■ Extracted data entries:
-- Opening Marker --

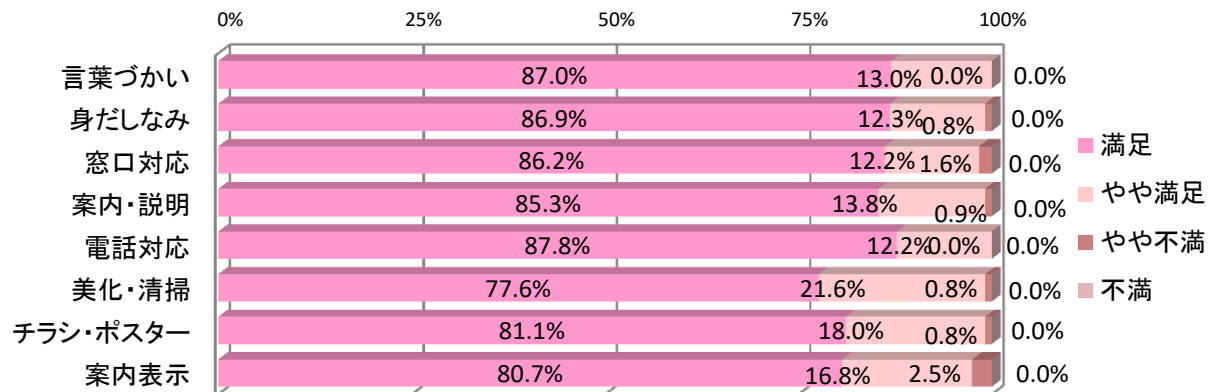

令和2年度 お客様アンケート 全施設まとめ

全回答者数 : 2,573 人

南センター(264人)

大岡地区センター(844人)

中村地区センター(165人)

六ツ川台コミュニティハウス(129人)

永田台コミュニティハウス(168人)

小山コミュニティハウス(100人)

-- Closing Marker --

Set down every entry above verbatim, without pictures.

■ PROBLEM SOLUTION:
令和2年度 お客様アンケート 全施設まとめ

全回答者数 : 2,573 人

南センター(264人)

大岡地区センター(844人)

中村地区センター(165人)

六ツ川台コミュニティハウス(129人)

永田台コミュニティハウス(168人)

小山コミュニティハウス(100人)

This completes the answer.